Posted: May 12, 2011 in Love and Marriage
Tags: , , , , ,

So what had I done, that got us where we were?  It was as much a question of what I hadn’t done, as what I had.  There are sins of omission and sins of commission.  We all do things we shouldn’t and later wish we hadn’t.  There are also those things we know we should do, but we don’t.  Both are part of being human and imperfect. 

When they happen as a momentary lapse in judgement, or in a moment of weakness, they are easier to understand and, perhaps, to forgive.  When they happen over a long period of time, or with intent, they are much more difficult to excuse, because the damage they cause is deeper and more significant.

In talking with my wife last Spring, I finally just asked her, “Does this go back to what happened with ________ ? (For the juicy details, visit the disclaimer page.  In other words, you’re not getting any, so focus on the point here).  She said yes, it did.   She was still hurt (even though I thought we had made up and moved on) for a variety of reasons.  She told me she could no longer trust me, and that fact that I had never admitted anything or owned up to my indiscretion was a wound that wouldn’t heal. 

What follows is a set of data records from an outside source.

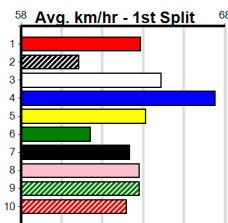

Shepparton

13 RACES TODAY

Distance: 390m, Race Type: Tier 3 - Maiden, Total Prizemoney: $2,535
1st: $1,680, 2nd: $520, 3rd: $260, 4th: $75

1
10:59AM

(VIC time)

Watchdog Tips: **0** **0** **0** **0** Bet: _____

While I’m sure that was true, and I would never make light of it, I began to see that long before that, I had already been on a path that would ultimately destroy our love.  When we got married, I was the person she not only loved romantically, but looked up to spiritually.  She believed me to be a man of God, who would lead and protect her always.  In those days, that is what I strived to be.  It was only years later, when I turned my back inwardly (while keeping up appearances outwardly), that the erosion of trust began.

I was also her fitness instructor prior to dating her, and fitness was a big part of both of our lives.  As the years went by, I became lazy and neglectful in that area, also.  That in no way caused her to stop loving me, but it altered the roles in that part of our relationship.  I didn’t care enough about myself to stay healthy, so I couldn’t care for her in the ways I had promised to.

Perhaps most significantly, she had told me over and over, for years, that she wanted to be cherished.  For her to have to come out and say that, even once, is an indication that my love for her was not the kind we spoke of in our wedding vows.  And how did I respond?  I failed to do anything differently.  I ignored her desperate pleas to be loved the way she was meant to be. 

I made it my quest to begin, from the moment of realization, to cherish her in all things.  In the way I looked at her.  In the way I talked to her.  In the way I honored her in front of others.  In the way I lived my life. 

I began to proudly display pictures of her.  I began to speak highly of her to others.  I bought her gifts that showed I really cared.  In short, I began to treat her like I was “in love” with her and that she was the most special person on the planet to me.  And I began to use the word “cherish” in talking to her.

Interestingly enough, while the actions paid huge dividends over time, the word almost seemed to have the opposite effect.  Telling my wife, “I cherish you,”  never got any positive response. 

Somehow, a new word emerged that seemed to please her heart.  That word is treasure.  She had asked me to cherish her and I hadn’t.  She didn’t ask me to treasure her, but I did.  And when I would tell her that she was my treasure, or how much I treasured her, it began to melt away the cold and bring us closer again.

Sometimes restoration means taking something old and making it like new again.  Sometimes it means replacing something old that can’t be repaired with something new.  In this case, it meant getting to know my wife’s heart on a deep enough level to understand what she needed and then provide it for her.